*Problem statement:* Give back the data below word for word. Any image in it should be left out.

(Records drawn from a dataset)

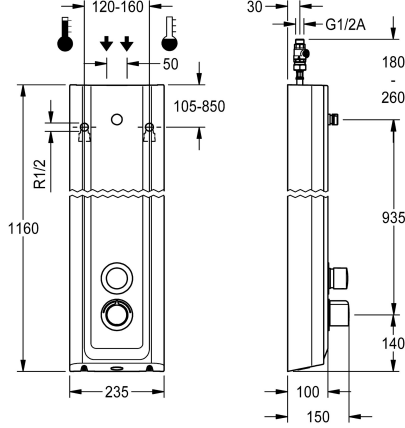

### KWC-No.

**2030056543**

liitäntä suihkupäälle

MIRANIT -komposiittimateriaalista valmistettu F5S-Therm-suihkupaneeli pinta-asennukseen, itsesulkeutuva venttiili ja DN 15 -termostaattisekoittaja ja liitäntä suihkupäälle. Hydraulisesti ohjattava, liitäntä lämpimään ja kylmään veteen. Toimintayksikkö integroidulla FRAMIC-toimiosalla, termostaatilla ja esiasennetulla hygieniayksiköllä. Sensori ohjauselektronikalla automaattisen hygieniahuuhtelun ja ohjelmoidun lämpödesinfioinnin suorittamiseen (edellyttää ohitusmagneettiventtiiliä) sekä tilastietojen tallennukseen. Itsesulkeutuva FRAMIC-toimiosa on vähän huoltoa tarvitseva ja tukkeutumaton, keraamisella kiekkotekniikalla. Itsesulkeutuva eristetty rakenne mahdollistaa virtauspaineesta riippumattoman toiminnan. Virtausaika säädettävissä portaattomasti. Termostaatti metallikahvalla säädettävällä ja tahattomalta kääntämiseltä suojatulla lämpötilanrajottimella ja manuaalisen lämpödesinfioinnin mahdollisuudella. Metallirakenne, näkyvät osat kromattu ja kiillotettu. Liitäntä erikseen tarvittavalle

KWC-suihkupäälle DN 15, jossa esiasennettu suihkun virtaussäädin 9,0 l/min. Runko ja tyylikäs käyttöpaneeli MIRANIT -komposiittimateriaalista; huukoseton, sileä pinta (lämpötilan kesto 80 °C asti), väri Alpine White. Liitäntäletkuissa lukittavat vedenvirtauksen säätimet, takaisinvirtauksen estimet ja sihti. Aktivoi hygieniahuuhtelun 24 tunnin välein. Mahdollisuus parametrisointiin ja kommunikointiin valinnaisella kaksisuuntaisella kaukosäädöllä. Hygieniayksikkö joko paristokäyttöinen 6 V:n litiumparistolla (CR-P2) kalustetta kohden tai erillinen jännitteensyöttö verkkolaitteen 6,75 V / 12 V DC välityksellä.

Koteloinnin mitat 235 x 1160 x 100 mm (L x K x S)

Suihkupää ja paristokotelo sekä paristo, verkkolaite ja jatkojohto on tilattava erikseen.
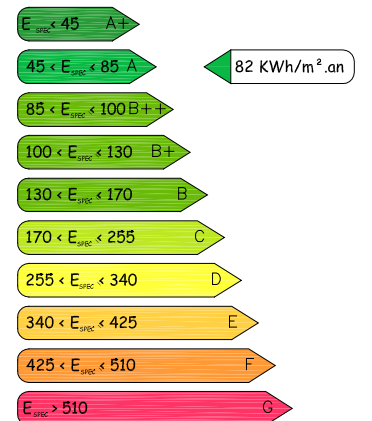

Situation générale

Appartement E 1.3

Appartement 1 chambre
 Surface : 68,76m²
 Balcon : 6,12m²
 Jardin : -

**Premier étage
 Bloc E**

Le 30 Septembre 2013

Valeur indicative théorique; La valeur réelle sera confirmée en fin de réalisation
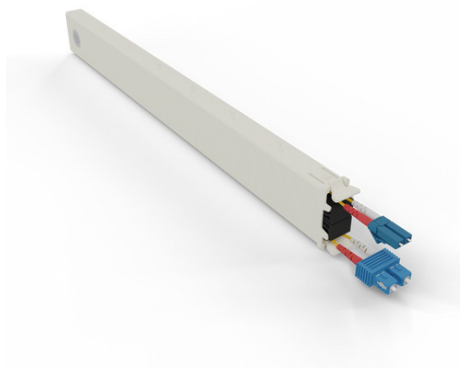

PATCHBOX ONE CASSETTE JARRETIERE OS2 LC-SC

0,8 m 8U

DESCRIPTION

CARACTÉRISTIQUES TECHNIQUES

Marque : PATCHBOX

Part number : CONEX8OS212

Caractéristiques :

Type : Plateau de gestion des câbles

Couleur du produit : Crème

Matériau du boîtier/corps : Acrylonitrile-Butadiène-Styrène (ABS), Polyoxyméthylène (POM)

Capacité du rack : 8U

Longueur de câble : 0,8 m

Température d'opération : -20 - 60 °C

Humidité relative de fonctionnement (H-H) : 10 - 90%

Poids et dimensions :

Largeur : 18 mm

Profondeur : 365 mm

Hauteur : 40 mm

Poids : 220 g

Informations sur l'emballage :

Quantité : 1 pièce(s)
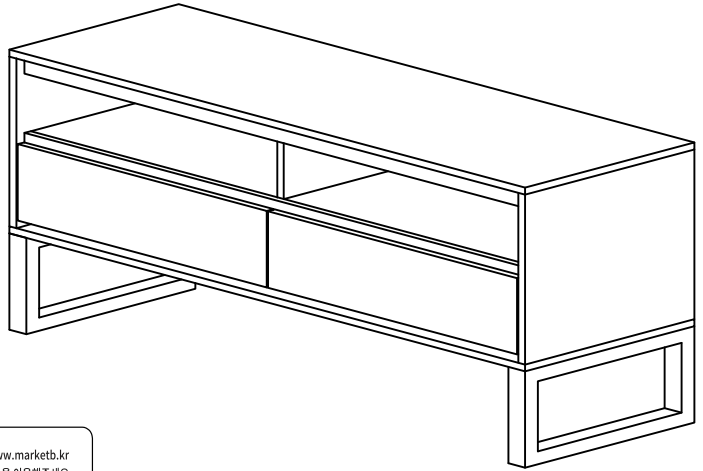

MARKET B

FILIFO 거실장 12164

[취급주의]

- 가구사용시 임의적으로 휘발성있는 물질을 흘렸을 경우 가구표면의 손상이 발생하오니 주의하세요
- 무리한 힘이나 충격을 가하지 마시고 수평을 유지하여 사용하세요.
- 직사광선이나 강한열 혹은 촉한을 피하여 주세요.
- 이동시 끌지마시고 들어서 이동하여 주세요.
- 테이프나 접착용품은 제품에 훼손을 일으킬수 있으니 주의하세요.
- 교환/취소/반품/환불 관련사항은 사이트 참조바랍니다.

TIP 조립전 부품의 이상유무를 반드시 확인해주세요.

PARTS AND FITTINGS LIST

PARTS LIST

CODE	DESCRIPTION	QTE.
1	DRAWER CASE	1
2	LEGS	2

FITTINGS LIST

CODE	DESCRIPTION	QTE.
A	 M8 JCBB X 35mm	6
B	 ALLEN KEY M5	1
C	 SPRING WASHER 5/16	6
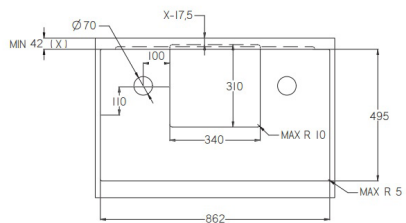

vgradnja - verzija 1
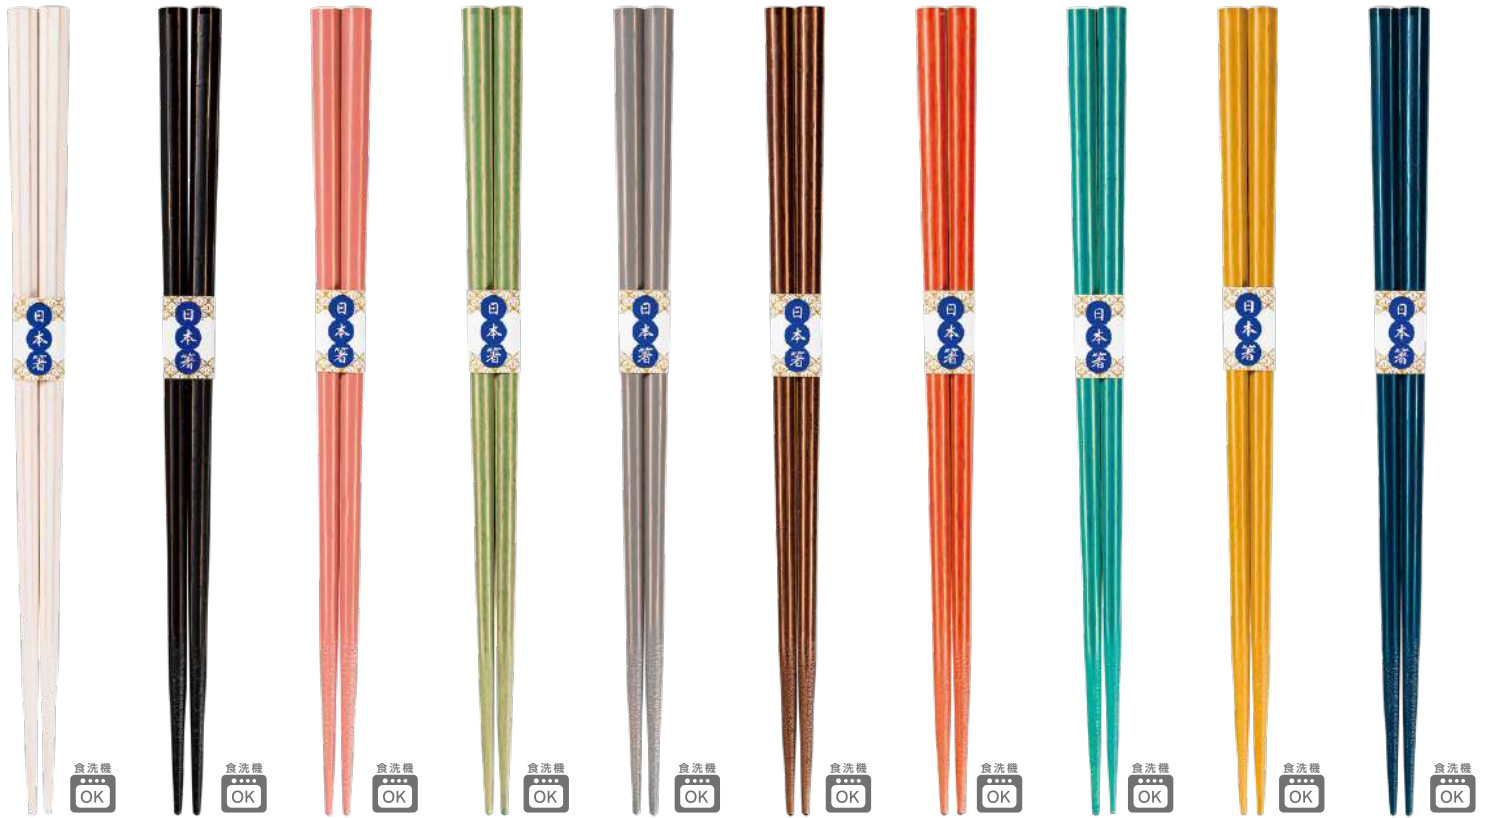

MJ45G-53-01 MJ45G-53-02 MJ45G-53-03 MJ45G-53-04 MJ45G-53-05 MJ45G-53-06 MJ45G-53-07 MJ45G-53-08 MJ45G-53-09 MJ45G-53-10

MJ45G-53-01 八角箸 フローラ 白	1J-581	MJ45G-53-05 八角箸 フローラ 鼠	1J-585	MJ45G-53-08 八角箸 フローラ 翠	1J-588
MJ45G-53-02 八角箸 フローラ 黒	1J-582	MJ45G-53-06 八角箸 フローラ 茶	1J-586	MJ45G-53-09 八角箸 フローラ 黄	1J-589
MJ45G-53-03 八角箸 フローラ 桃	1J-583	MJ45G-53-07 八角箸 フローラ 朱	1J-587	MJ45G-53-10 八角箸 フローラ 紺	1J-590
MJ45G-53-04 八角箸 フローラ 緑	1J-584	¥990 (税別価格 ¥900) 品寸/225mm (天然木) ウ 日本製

*Finished task:*
### KWC-No.

**2030056543**

liitäntä suihkupäälle

MIRANIT -komposiittimateriaalista valmistettu F5S-Therm-suihkupaneeli pinta-asennukseen, itsesulkeutuva venttiili ja DN 15 -termostaattisekoittaja ja liitäntä suihkupäälle. Hydraulisesti ohjattava, liitäntä lämpimään ja kylmään veteen. Toimintayksikkö integroidulla FRAMIC-toimiosalla, termostaatilla ja esiasennetulla hygieniayksiköllä. Sensori ohjauselektronikalla automaattisen hygieniahuuhtelun ja ohjelmoidun lämpödesinfioinnin suorittamiseen (edellyttää ohitusmagneettiventtiiliä) sekä tilastietojen tallennukseen. Itsesulkeutuva FRAMIC-toimiosa on vähän huoltoa tarvitseva ja tukkeutumaton, keraamisella kiekkotekniikalla. Itsesulkeutuva eristetty rakenne mahdollistaa virtauspaineesta riippumattoman toiminnan. Virtausaika säädettävissä portaattomasti. Termostaatti metallikahvalla säädettävällä ja tahattomalta kääntämiseltä suojatulla lämpötilanrajottimella ja manuaalisen lämpödesinfioinnin mahdollisuudella. Metallirakenne, näkyvät osat kromattu ja kiillotettu. Liitäntä erikseen tarvittavalle

KWC-suihkupäälle DN 15, jossa esiasennettu suihkun virtaussäädin 9,0 l/min. Runko ja tyylikäs käyttöpaneeli MIRANIT -komposiittimateriaalista; huukoseton, sileä pinta (lämpötilan kesto 80 °C asti), väri Alpine White. Liitäntäletkuissa lukittavat vedenvirtauksen säätimet, takaisinvirtauksen estimet ja sihti. Aktivoi hygieniahuuhtelun 24 tunnin välein. Mahdollisuus parametrisointiin ja kommunikointiin valinnaisella kaksisuuntaisella kaukosäädöllä. Hygieniayksikkö joko paristokäyttöinen 6 V:n litiumparistolla (CR-P2) kalustetta kohden tai erillinen jännitteensyöttö verkkolaitteen 6,75 V / 12 V DC välityksellä.

Koteloinnin mitat 235 x 1160 x 100 mm (L x K x S)

Suihkupää ja paristokotelo sekä paristo, verkkolaite ja jatkojohto on tilattava erikseen.

Situation générale

Appartement E 1.3

Appartement 1 chambre
 Surface : 68,76m²
 Balcon : 6,12m²
 Jardin : -

**Premier étage
 Bloc E**

Le 30 Septembre 2013

Valeur indicative théorique; La valeur réelle sera confirmée en fin de réalisation

PATCHBOX ONE CASSETTE JARRETIERE OS2 LC-SC

0,8 m 8U

DESCRIPTION

CARACTÉRISTIQUES TECHNIQUES

Marque : PATCHBOX

Part number : CONEX8OS212

Caractéristiques :

Type : Plateau de gestion des câbles

Couleur du produit : Crème

Matériau du boîtier/corps : Acrylonitrile-Butadiène-Styrène (ABS), Polyoxyméthylène (POM)

Capacité du rack : 8U

Longueur de câble : 0,8 m

Température d'opération : -20 - 60 °C

Humidité relative de fonctionnement (H-H) : 10 - 90%

Poids et dimensions :

Largeur : 18 mm

Profondeur : 365 mm

Hauteur : 40 mm

Poids : 220 g

Informations sur l'emballage :

Quantité : 1 pièce(s)

MARKET B

FILIFO 거실장 12164

[취급주의]

- 가구사용시 임의적으로 휘발성있는 물질을 흘렸을 경우 가구표면의 손상이 발생하오니 주의하세요
- 무리한 힘이나 충격을 가하지 마시고 수평을 유지하여 사용하세요.
- 직사광선이나 강한열 혹은 촉한을 피하여 주세요.
- 이동시 끌지마시고 들어서 이동하여 주세요.
- 테이프나 접착용품은 제품에 훼손을 일으킬수 있으니 주의하세요.
- 교환/취소/반품/환불 관련사항은 사이트 참조바랍니다.

TIP 조립전 부품의 이상유무를 반드시 확인해주세요.

PARTS AND FITTINGS LIST

PARTS LIST

CODE	DESCRIPTION	QTE.
1	DRAWER CASE	1
2	LEGS	2

FITTINGS LIST

CODE	DESCRIPTION	QTE.
A	 M8 JCBB X 35mm	6
B	 ALLEN KEY M5	1
C	 SPRING WASHER 5/16	6

vgradnja - verzija 1

MJ45G-53-01 MJ45G-53-02 MJ45G-53-03 MJ45G-53-04 MJ45G-53-05 MJ45G-53-06 MJ45G-53-07 MJ45G-53-08 MJ45G-53-09 MJ45G-53-10

MJ45G-53-01 八角箸 フローラ 白	1J-581	MJ45G-53-05 八角箸 フローラ 鼠	1J-585	MJ45G-53-08 八角箸 フローラ 翠	1J-588
MJ45G-53-02 八角箸 フローラ 黒	1J-582	MJ45G-53-06 八角箸 フローラ 茶	1J-586	MJ45G-53-09 八角箸 フローラ 黄	1J-589
MJ45G-53-03 八角箸 フローラ 桃	1J-583	MJ45G-53-07 八角箸 フローラ 朱	1J-587	MJ45G-53-10 八角箸 フローラ 紺	1J-590
MJ45G-53-04 八角箸 フローラ 緑	1J-584	¥990 (税別価格 ¥900) 品寸/225mm (天然木) ウ 日本製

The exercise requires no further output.